Отрывок, характеризующий Катастрофа АНТ-7 под Подольском

Пьер, приехав вперед, как домашний человек, прошел в кабинет князя Андрея и тотчас же, по привычке, лег на диван, взял первую попавшуюся с полки книгу (это были Записки Цезаря) и принялся, облокотившись, читать ее из середины.
– Что ты сделал с m lle Шерер? Она теперь совсем заболеет, – сказал, входя в кабинет, князь Андрей и потирая маленькие, белые ручки.
Пьер поворотился всем телом, так что диван заскрипел, обернул оживленное лицо к князю Андрею, улыбнулся и махнул рукой.
– Нет, этот аббат очень интересен, но только не так понимает дело… По моему, вечный мир возможен, но я не умею, как это сказать… Но только не политическим равновесием…
Князь Андрей не интересовался, видимо, этими отвлеченными разговорами.
– Нельзя, mon cher, [мой милый,] везде всё говорить, что только думаешь. Ну, что ж, ты решился, наконец, на что нибудь? Кавалергард ты будешь или дипломат? – спросил князь Андрей после минутного молчания.
Пьер сел на диван, поджав под себя ноги.
– Можете себе представить, я всё еще не знаю. Ни то, ни другое мне не нравится.
– Но ведь надо на что нибудь решиться? Отец твой ждет.
Пьер с десятилетнего возраста был послан с гувернером аббатом за границу, где он пробыл до двадцатилетнего возраста. Когда он вернулся в Москву, отец отпустил аббата и сказал молодому человеку: «Теперь ты поезжай в Петербург, осмотрись и выбирай. Я на всё согласен. Вот тебе письмо к князю Василью, и вот тебе деньги. Пиши обо всем, я тебе во всем помога». Пьер уже три месяца выбирал карьеру и ничего не делал. Про этот выбор и говорил ему князь Андрей. Пьер потер себе лоб.
– Но он масон должен быть, – сказал он, разумея аббата, которого он видел на вечере.
– Всё это бредни, – остановил его опять князь Андрей, – поговорим лучше о деле. Был ты в конной гвардии?…
– Нет, не был, но вот что мне пришло в голову, и я хотел вам сказать. Теперь война против Наполеона. Ежели б это была война за свободу, я бы понял, я бы первый поступил в военную службу; но помогать Англии и Австрии против величайшего человека в мире… это нехорошо…
Князь Андрей только пожал плечами на детские речи Пьера. Он сделал вид, что на такие глупости нельзя отвечать; но действительно на этот наивный вопрос трудно было ответить что нибудь другое, чем то, что ответил князь Андрей.

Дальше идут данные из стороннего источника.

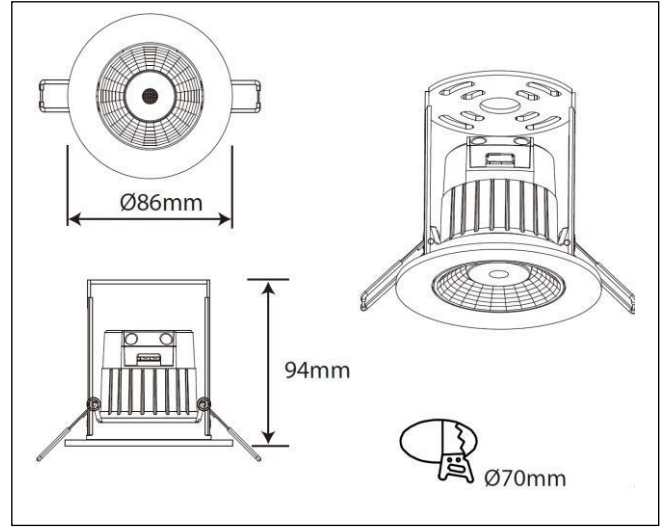

6.5W LED DOWNLIGHT

2755300 2755301

IP65, FIRE RATED, DIMMABLE DOWNLIGHT

Specification

- Suitable for use in offices, retail shops, reception areas, hotels, restaurants, bars & clubs, showrooms
- Fire Rated Dimmable LED Downlight replacement for 50W halogen downlights.
- 30, 60, and 90 minutes Fire Tested
- Prewired with 130mm flex with 3 way terminal block with large terminals for loop in loop out
- Integrated insulation frame enabling insulation to be laid over
- Suitable for switching by PIR, Microwave or Photocell

Standards & Approvals:

Complies with: EN 60598-1, EN 60598-2-2, EN 62471, EN 62493, EN 55015, EN 61000-3-2, EN 61000-3-3, BS 476-21, EN 61374-1, EN61547, EN62031

Product Code:	2755300	2755301
Comparable to LV Halogen (W):	50	50
Total Power (W):	6.5	6.5
Total Light Output (lm):	490	510
Efficacy (lm / cctW):	75	78
Rated Life (hrs):	30,000	30,000
Warranty (yrs):	2	2
Illuminance at 1 m (lux):	970	900
Beam Angle (deg):	38	38
CCT (K):	3,000	4,000
CRI (Ra):	80	80
Ingress Protection (IP):	65	65
Operating Temperature (°C):	-20 ≤ Ta ≤ +40	-20 ≤ Ta ≤ +40
Operating Voltage (Vac):	220-240	220-240
Power Factor (PF):	0.5	0.5
Cut Out (mm):	70	70
Height (mm):	94	94
Diameter (mm):	86	86
Box Qty:	1	1
SEAI LIG Numbers	LIG70879	LIG70880
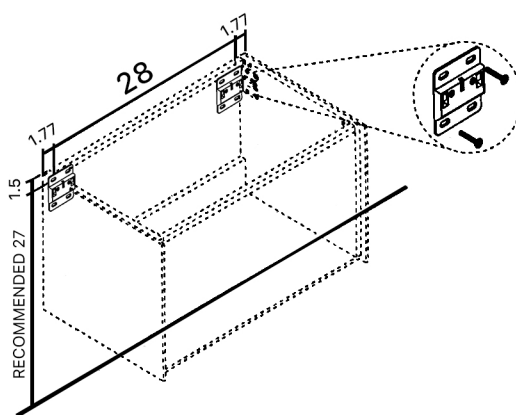

LUCENT

Model: Lucent Single

Category: Vanity

Material: Wood + Crystal

Dimensions: 32"(L) x 19"(W) x 18.1"(H)

Description: Luxury crystal bathroom vanity in silver white finish

*Numbers are in inches

SCHEDA MONTAGGIO ASSEMBLY INSTRUCTIONS

Prastra per fissaggio a parete
Wall-mounting plate

Stop per fissaggio a parete
Plug for wall-mounting plate

①

Smontaggio Cassetto premendo leve di sgancio
Disassemble drawer by pressing release clips

②

Fissaggio piastre a parete
Plate fixing on wall

③

Ancoraggio e registrazione della consolle
Unit anchoring and adjustment

④

installazione del piano ed inserimento
del cassetto su guida
Top board fixing on frame and drawer onto rails
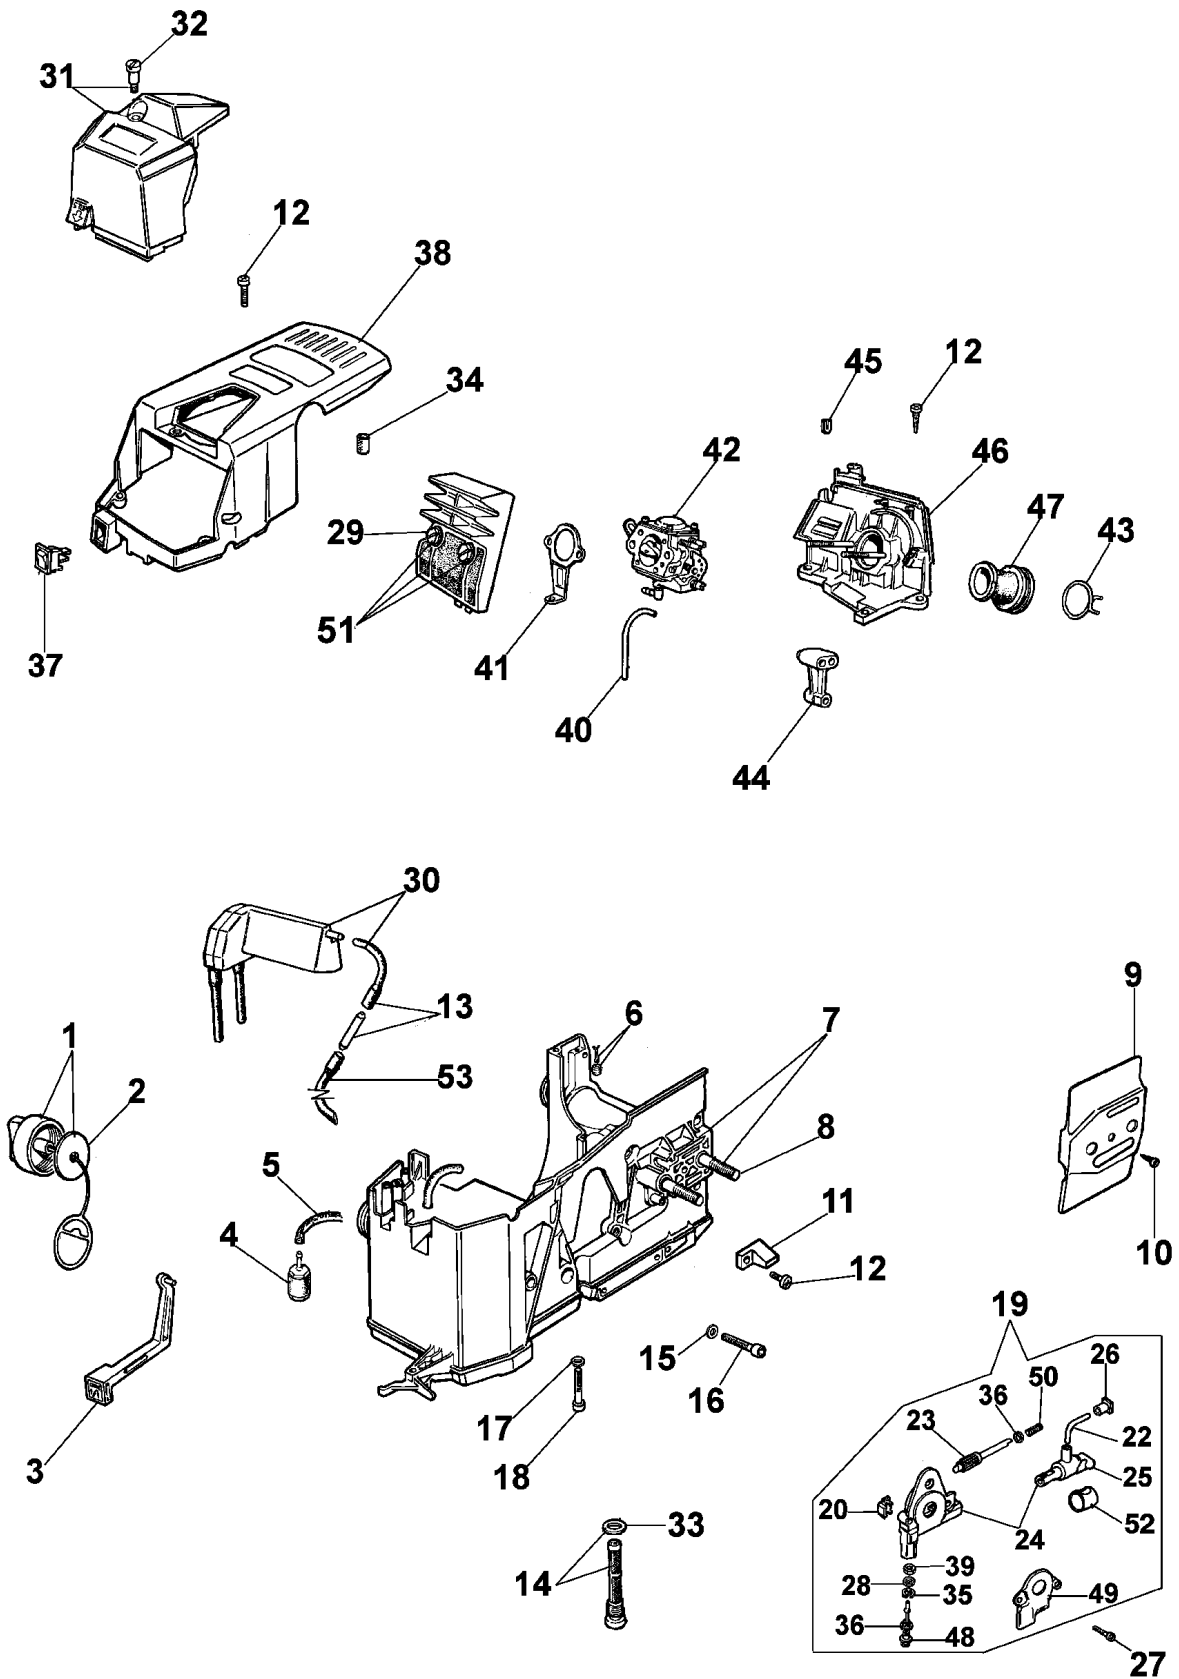

Drawing Crankcase

Reference	Qty	Item number	Description
1	1	093500422R	Cap
2	1	094000078	Gasket
3	1	094600365A	Starter lever
4	1	50010218R	Fuel filter
5	1	094600172	Hose
6	1	094600079	Body
7	1	095100127	Tank
8	2	094500141AR	Stud
9	1	094600044	Plate
10	1	012000028	Screw
11	1	094600369R	Guard
12	7	094600041AR	Screw
13	1	035000081	Complete valve
14	1	094500390A	Oil filter
15	3	3819006	Washer
16	3	005100987	Screw
17	4	3833073	Washer
18	4	006100303	Screw
19	1	094600339	Oil pump
20	1	094100024	Clamp
22	1	094600063	Pipe
23	1	094600030	Piston pump
24	1	094600220	Pump body
25	1	094600046A	Fittings
26	1	094600062	Fittings
27	3	093000140	Screw
28	1	074000167	Cap
29	1	005200941	Pipe
30	1	094100027A	Hose
31	1	094600367	Cover
32	1	093000468A	Screw
33	1	094500010A	Washer
34	1	094500183	Hose
35	1	094100008A	Filter support
36	1	094100009	Air filter
37	1	2317021R	Switch
38	1	094600449	Cover
39	1	094600112	Nut
40	1	094600126	Hose
41	1	094600056	Flange
42	1	094100179	Carburetor WT-494
43	1	094600103	Band
44	1	094600070	Screw guide
45	1	005000347A	Grommet
46	1	094600131B	Support
47	1	094600018	Manifold

Drawing Crankcase

– Ежели бы все воевали только по своим убеждениям, войны бы не было, – сказал он.
– Это то и было бы прекрасно, – сказал Пьер.
Князь Андрей усмехнулся.
– Очень может быть, что это было бы прекрасно, но этого никогда не будет…
– Ну, для чего вы идете на войну? – спросил Пьер.
– Для чего? я не знаю. Так надо. Кроме того я иду… – Oн остановился. – Я иду потому, что эта жизнь, которую я веду здесь, эта жизнь – не по мне!


В соседней комнате зашумело женское платье. Как будто очнувшись, князь Андрей встряхнулся, и лицо его приняло то же выражение, какое оно имело в гостиной Анны Павловны. Пьер спустил ноги с дивана. Вошла княгиня. Она была уже в другом, домашнем, но столь же элегантном и свежем платье. Князь Андрей встал, учтиво подвигая ей кресло.
– Отчего, я часто думаю, – заговорила она, как всегда, по французски, поспешно и хлопотливо усаживаясь в кресло, – отчего Анет не вышла замуж? Как вы все глупы, messurs, что на ней не женились. Вы меня извините, но вы ничего не понимаете в женщинах толку. Какой вы спорщик, мсье Пьер.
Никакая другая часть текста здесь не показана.